[Records contained in a dataset]
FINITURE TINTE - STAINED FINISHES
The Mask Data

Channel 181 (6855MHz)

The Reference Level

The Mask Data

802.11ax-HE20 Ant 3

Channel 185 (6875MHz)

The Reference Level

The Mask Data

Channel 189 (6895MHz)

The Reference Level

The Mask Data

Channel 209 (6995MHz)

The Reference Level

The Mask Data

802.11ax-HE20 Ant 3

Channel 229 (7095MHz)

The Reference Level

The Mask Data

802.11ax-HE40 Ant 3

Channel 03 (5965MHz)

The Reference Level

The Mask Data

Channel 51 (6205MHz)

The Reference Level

--

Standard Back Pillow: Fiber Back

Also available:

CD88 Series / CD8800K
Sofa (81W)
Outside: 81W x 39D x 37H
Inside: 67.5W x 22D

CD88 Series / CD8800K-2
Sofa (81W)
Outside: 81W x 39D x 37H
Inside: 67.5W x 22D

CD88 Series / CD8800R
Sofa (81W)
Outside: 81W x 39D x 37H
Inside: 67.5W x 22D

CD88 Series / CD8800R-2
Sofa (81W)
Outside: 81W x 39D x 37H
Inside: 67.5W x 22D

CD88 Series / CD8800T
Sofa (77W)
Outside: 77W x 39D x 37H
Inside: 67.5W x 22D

...

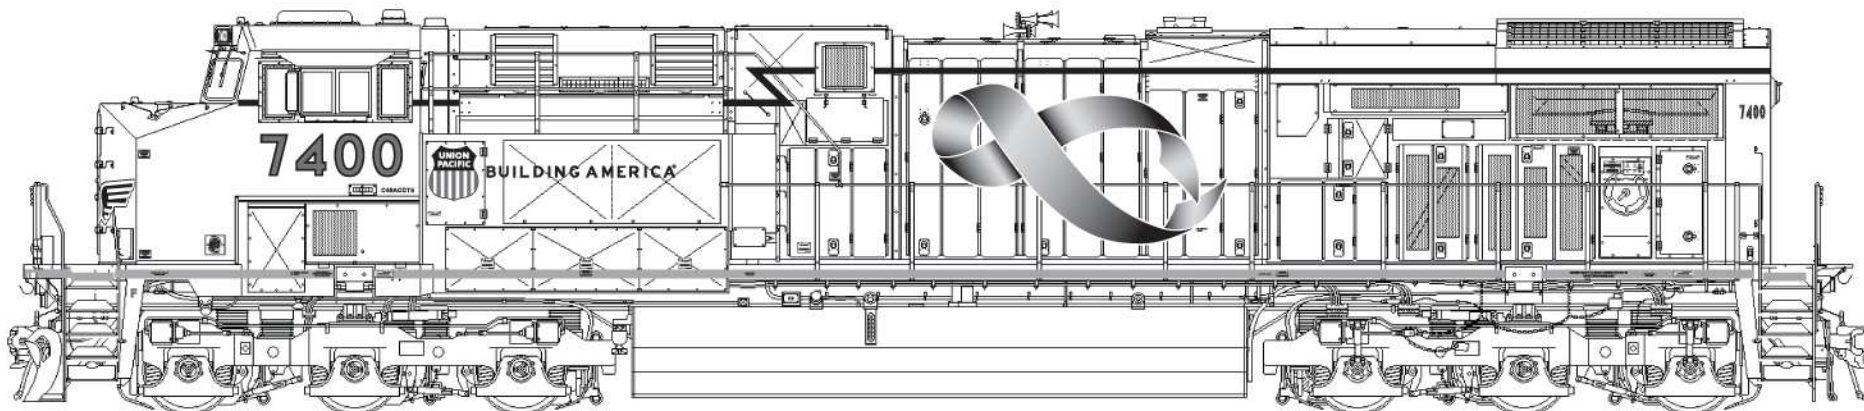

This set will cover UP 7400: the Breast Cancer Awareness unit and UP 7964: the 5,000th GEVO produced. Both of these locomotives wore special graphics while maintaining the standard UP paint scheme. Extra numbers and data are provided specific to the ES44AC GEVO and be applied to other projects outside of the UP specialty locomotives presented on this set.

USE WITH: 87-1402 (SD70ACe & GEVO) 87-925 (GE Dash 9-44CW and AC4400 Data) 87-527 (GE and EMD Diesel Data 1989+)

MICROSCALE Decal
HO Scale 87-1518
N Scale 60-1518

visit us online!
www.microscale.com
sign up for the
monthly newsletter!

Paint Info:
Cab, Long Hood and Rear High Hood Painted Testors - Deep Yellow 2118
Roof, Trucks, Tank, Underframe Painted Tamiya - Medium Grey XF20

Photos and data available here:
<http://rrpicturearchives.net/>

**About this exercise:**
Your answer should consist of the lines from the line with "Photos and data" to the line with "<http://rrpicturearchives.net/>" above, repeated exactly, both ends included.

**Completed task:**
Photos and data available here:
<http://rrpicturearchives.net/>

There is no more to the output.